Records to use.
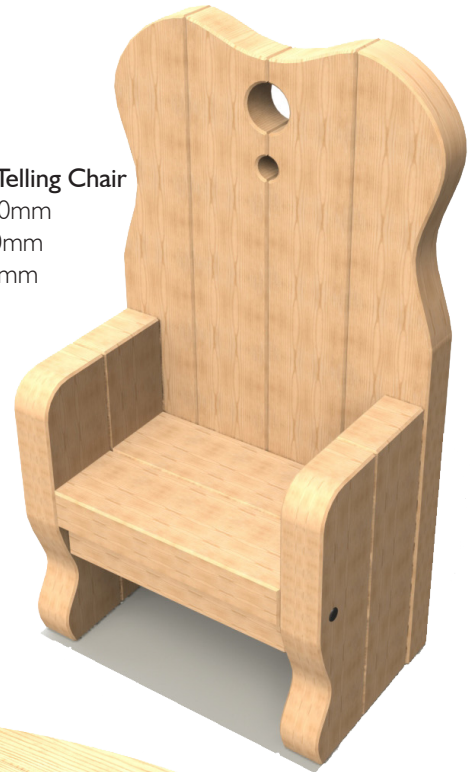

story
time...

Once
Upon
A
Time

Happily Ever After

RSTJ PLAY

Story Time Seating

Once Upon A Time Chair
H 1336mm
W 775mm
D 772mm
Engraved as Standard

Story Telling Chair
H 1400mm
W 780mm
D 485mm

1.8m Curved Sleeper Bench
L 1793 W 388 H 420mm

1.3m Curved Sleeper Bench
L 1294 W 385 H 420mm

3.6m Sleeper Bench
L 3600 W 195 H 420mm

2.4m Sleeper Bench
L 2400 W 195 H 420mm

1.4m Sleeper Bench
L 1400 W 195 H 420mm

Story Time Seating

1.3m Engraved Curved Bench Group
L 3132 W 1153 H 420mm

How to complete this task.
Wherever a line in the data above holds "Bench", copy that line.

The answer.
1.8m Curved Sleeper Bench
1.3m Curved Sleeper Bench
3.6m Sleeper Bench
2.4m Sleeper Bench
1.4m Sleeper Bench
1.3m Engraved Curved Bench Group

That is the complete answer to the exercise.